The result is the exact lines from the one containing "Job No: F2507A" through the final line of the entries; leave out the pictures.

#### DATA RECORDS

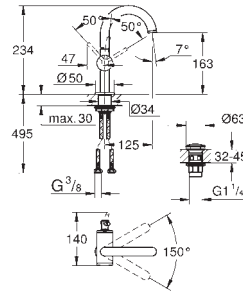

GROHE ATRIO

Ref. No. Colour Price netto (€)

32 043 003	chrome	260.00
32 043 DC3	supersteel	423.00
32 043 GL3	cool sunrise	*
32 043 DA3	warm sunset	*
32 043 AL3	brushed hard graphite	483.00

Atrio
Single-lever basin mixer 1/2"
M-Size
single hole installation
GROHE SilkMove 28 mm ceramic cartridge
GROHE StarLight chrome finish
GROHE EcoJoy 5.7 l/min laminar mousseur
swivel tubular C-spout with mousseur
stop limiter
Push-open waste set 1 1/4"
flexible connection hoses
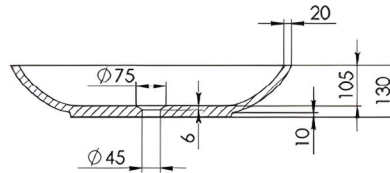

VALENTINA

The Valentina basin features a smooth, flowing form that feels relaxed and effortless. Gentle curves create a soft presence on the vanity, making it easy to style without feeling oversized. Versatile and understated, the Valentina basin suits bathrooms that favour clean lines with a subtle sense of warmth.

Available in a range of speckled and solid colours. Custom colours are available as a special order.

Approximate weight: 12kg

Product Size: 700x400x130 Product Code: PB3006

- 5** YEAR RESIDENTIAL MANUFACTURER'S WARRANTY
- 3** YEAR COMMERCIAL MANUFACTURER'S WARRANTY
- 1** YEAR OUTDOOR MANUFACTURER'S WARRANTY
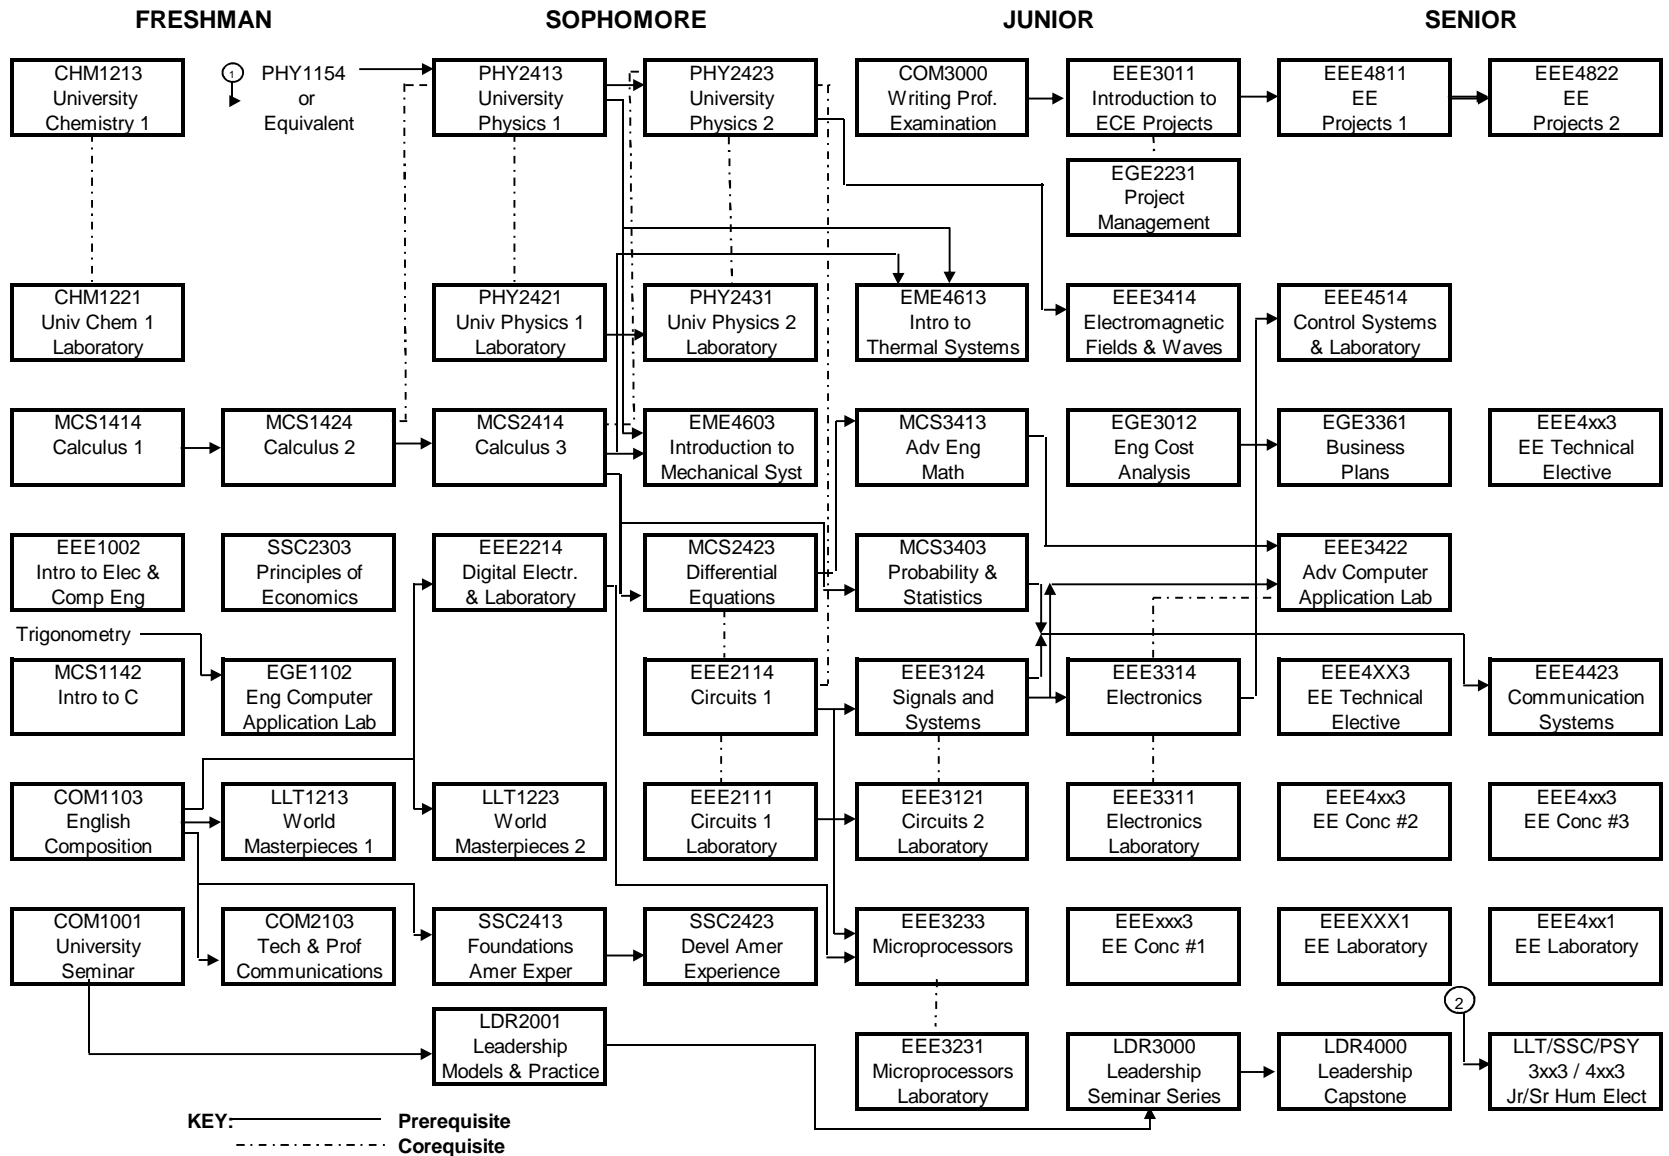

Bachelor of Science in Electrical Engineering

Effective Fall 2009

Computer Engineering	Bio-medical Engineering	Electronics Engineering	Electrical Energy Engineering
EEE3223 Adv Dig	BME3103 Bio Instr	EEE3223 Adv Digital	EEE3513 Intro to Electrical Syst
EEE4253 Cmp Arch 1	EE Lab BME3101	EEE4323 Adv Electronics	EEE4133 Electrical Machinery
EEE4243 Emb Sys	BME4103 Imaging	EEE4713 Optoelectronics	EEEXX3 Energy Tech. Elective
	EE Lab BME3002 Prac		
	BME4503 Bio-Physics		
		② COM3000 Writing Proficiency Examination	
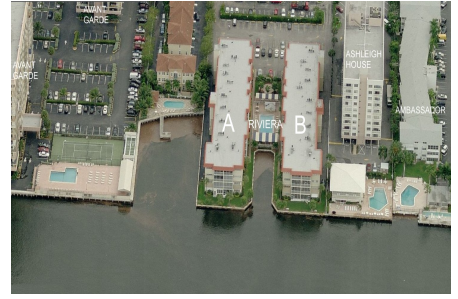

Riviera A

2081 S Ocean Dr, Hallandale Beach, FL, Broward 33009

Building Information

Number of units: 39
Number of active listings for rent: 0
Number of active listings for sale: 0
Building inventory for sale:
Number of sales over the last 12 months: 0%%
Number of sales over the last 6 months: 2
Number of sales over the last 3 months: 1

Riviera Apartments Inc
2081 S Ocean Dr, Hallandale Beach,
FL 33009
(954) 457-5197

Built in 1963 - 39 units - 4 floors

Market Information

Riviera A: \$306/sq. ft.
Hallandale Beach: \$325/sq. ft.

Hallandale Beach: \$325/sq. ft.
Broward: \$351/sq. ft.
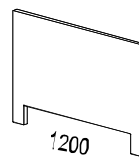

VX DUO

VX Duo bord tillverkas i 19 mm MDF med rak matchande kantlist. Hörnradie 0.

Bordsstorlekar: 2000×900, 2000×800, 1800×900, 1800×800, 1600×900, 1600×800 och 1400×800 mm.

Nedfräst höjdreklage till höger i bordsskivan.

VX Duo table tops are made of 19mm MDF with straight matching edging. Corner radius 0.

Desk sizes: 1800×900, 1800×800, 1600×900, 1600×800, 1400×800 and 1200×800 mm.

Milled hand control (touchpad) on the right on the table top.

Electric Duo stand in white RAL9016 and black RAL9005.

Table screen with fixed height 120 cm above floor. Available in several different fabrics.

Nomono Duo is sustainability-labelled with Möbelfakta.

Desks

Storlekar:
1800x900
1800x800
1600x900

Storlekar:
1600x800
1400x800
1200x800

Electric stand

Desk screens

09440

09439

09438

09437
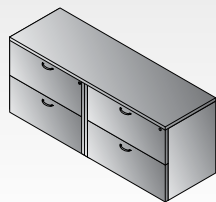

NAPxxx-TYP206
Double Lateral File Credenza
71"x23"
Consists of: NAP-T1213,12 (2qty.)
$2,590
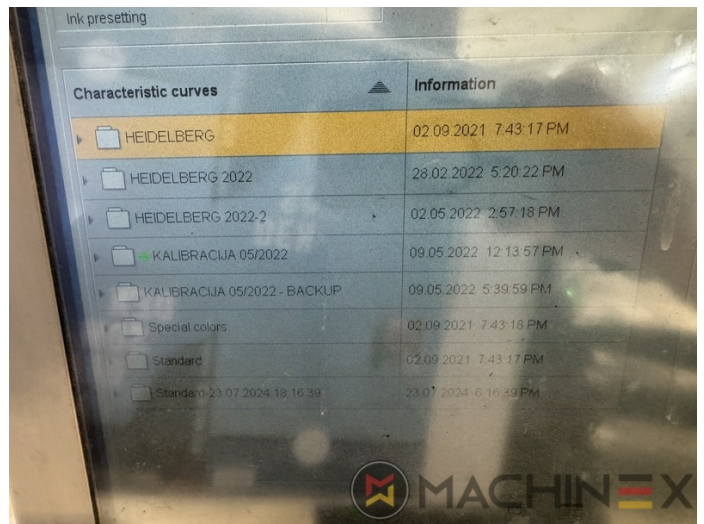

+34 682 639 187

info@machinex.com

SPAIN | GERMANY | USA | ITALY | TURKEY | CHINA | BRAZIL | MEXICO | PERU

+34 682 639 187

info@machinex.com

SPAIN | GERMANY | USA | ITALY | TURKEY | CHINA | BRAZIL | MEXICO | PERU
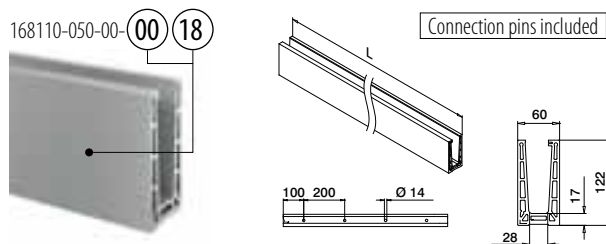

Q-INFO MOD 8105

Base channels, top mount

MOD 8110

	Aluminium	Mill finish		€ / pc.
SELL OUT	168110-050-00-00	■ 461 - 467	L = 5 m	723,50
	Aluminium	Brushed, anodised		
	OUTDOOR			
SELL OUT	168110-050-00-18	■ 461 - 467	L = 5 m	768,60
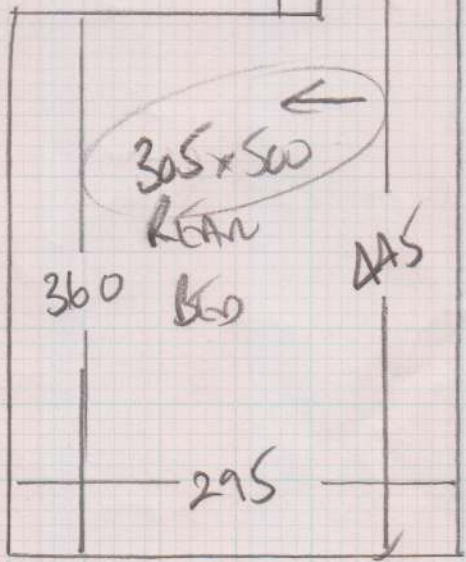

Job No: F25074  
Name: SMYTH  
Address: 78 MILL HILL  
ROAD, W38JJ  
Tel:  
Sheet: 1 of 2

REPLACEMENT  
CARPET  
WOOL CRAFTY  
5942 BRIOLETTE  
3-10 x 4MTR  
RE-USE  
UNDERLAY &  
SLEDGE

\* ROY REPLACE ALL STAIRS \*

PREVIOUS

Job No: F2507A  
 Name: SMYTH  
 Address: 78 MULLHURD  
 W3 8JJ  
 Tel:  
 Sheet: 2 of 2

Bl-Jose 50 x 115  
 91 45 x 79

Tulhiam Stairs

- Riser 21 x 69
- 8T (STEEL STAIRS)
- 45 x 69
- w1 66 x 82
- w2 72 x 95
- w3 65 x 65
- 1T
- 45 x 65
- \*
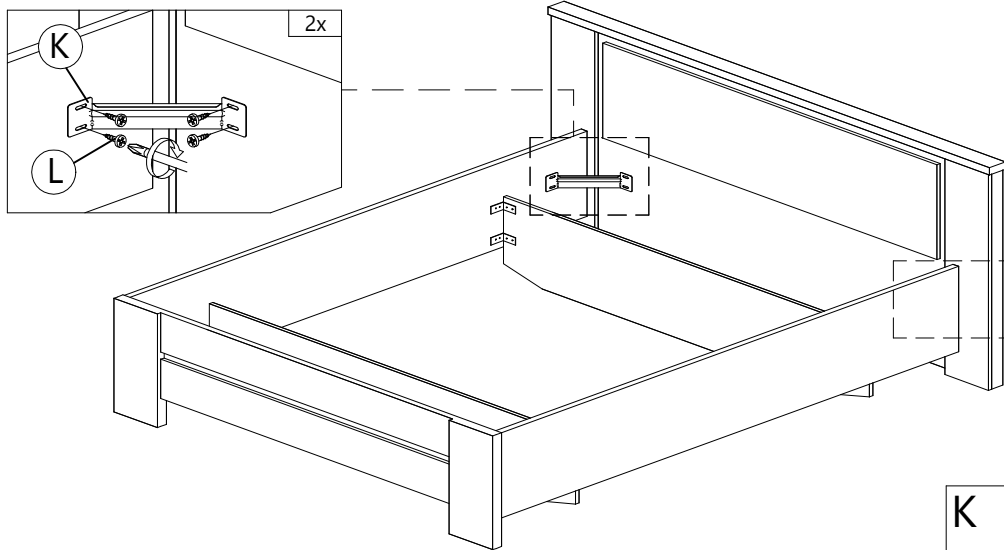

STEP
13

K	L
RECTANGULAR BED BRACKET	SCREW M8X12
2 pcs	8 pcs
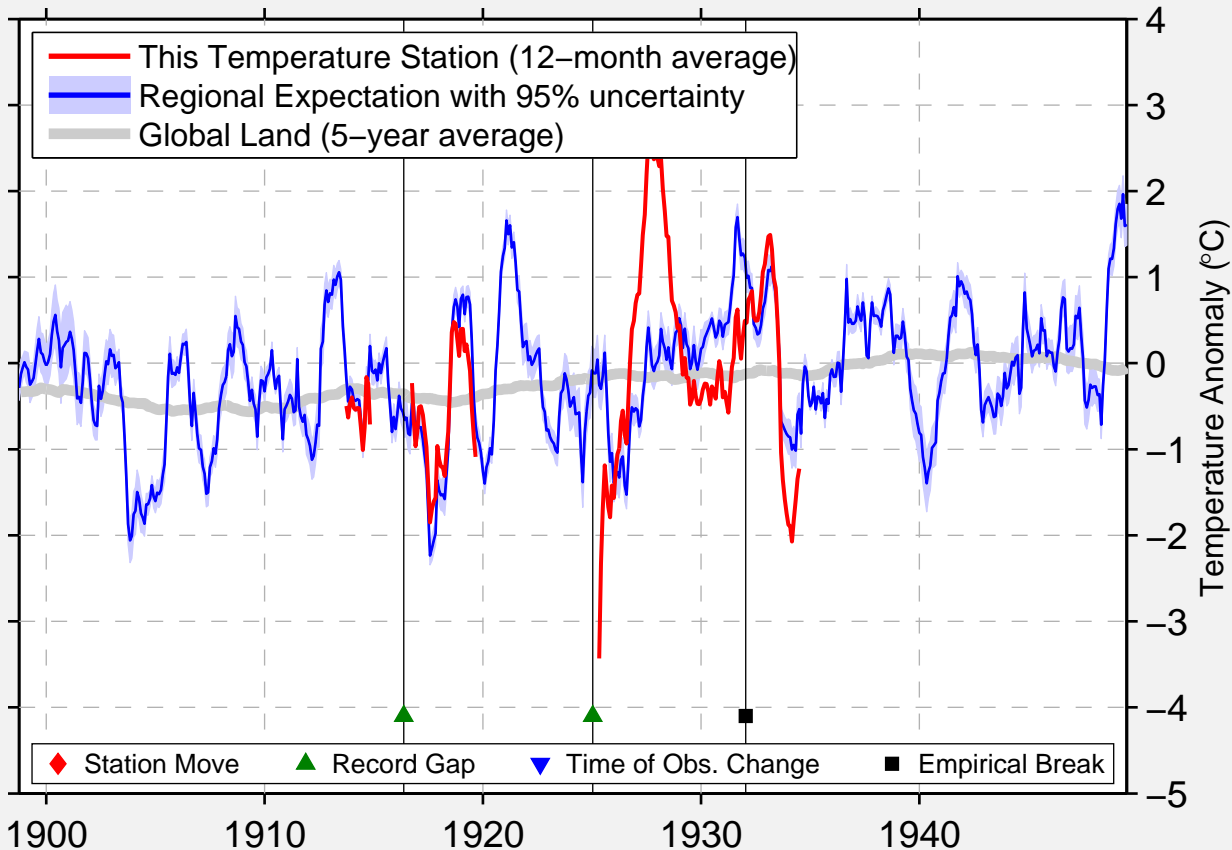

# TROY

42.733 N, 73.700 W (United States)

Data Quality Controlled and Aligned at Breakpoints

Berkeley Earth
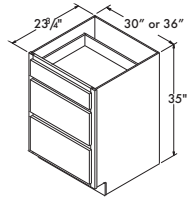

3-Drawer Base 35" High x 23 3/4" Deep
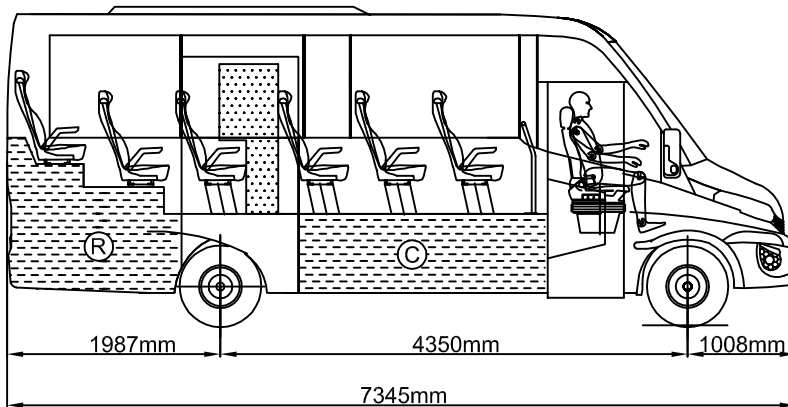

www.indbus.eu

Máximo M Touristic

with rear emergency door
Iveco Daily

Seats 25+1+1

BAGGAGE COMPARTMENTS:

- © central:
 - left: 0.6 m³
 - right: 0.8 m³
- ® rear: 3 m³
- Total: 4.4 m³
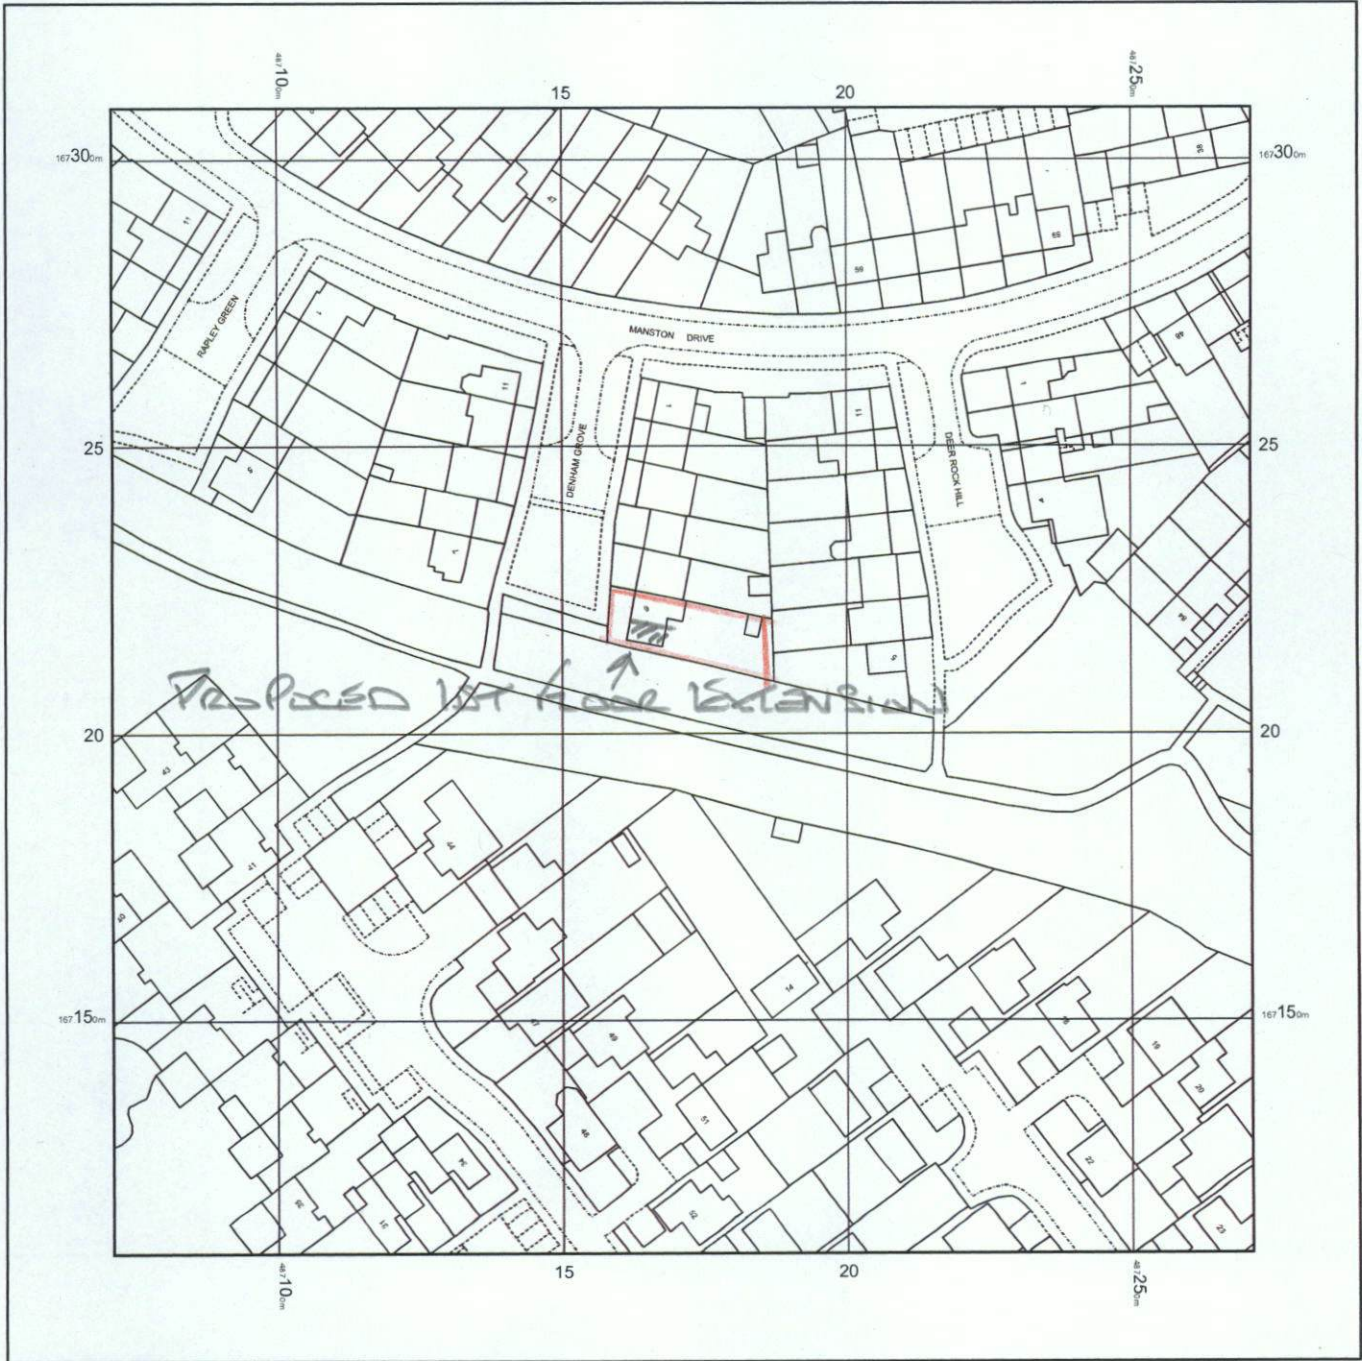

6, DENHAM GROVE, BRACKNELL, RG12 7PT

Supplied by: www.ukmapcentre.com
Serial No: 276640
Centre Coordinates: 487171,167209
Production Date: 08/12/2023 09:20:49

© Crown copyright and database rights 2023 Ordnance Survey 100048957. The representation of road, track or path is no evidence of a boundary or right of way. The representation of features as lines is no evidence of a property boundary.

########

### THE ANSWER
Job No: F2507A  
 Name: SMYTH  
 Address: 78 MULLHURD  
 W3 8JJ  
 Tel:  
 Sheet: 2 of 2

Bl-Jose 50 x 115  
 91 45 x 79

Tulhiam Stairs

- Riser 21 x 69
- 8T (STEEL STAIRS)
- 45 x 69
- w1 66 x 82
- w2 72 x 95
- w3 65 x 65
- 1T
- 45 x 65
- \*

STEP
13

K	L
RECTANGULAR BED BRACKET	SCREW M8X12
2 pcs	8 pcs

# TROY

42.733 N, 73.700 W (United States)

Data Quality Controlled and Aligned at Breakpoints

Berkeley Earth

3-Drawer Base 35" High x 23 3/4" Deep

www.indbus.eu

Máximo M Touristic

with rear emergency door
Iveco Daily

Seats 25+1+1

BAGGAGE COMPARTMENTS:

- © central:
 - left: 0.6 m³
 - right: 0.8 m³
- ® rear: 3 m³
- Total: 4.4 m³

6, DENHAM GROVE, BRACKNELL, RG12 7PT

Supplied by: www.ukmapcentre.com
Serial No: 276640
Centre Coordinates: 487171,167209
Production Date: 08/12/2023 09:20:49

© Crown copyright and database rights 2023 Ordnance Survey 100048957. The representation of road, track or path is no evidence of a boundary or right of way. The representation of features as lines is no evidence of a property boundary.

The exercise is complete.